The newest sections of Starlight Park connect the east side of the Bronx River to the ballfields and playgrounds on its western shore.


Looking across the Bronx River towards the southern entrance of Starlight Park. The green hillside here was previously a parking lot for impounded cars.


A wall of concrete blocks was removed from the river’s edge here, and replaced with a softer shoreline, including an intertidal wetlands.



An even larger intertidal wetlands (left) has been planted in this section of Starlight Park, which was previously home to an auto wrecking business.


A new pedestrian bridge connecting to the southern end of Starlight Park has been built next to an older Amtrak bridge, along their Northeast Corridor train line.


The community on the Bronx River’s east side was previously cut off from Starlight Park and the waterfront by the Amtrak train tracks. A new pedestrian bridge, seen in the distance, crosses above the tracks.

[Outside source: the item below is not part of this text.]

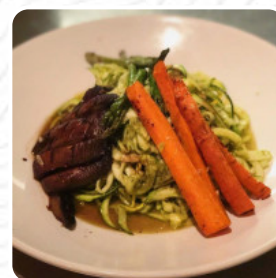

Here you can find the [menu](#) of The Hanalei Bay Dolphin in HANAIEI. At the moment, there are **17** dishes and drinks on the menu.

Several systems of stone weirs and rainwater detention ponds have been built throughout the new sections of Starlight Park, to capture and detain stormwater, before slowly releasing it into the Bronx River.


A stone weir and channel, designed to slowly release water down into a new rainwater garden. These pieces of green infrastructure are interwoven into the parks paths and public spaces.


The new park features a series of gently rising ramps, bringing visitors up the pedestrian bridge over the Amtrak train tracks. The pathways provide overlooks onto the new rain gardens and the Bronx River.


A third pedestrian bridge, crossing over the Bronx River to a larger section of Starlight Park that was completed in 2013.


The new sections of Starlight Park also include a narrow trail along the east side of the Bronx River, next to the Amtrak train tracks.


This trail travels through forests and wetlands, creating a new half-mile looping pathway around the river. Previously, this side of the river was undeveloped and not open to the public.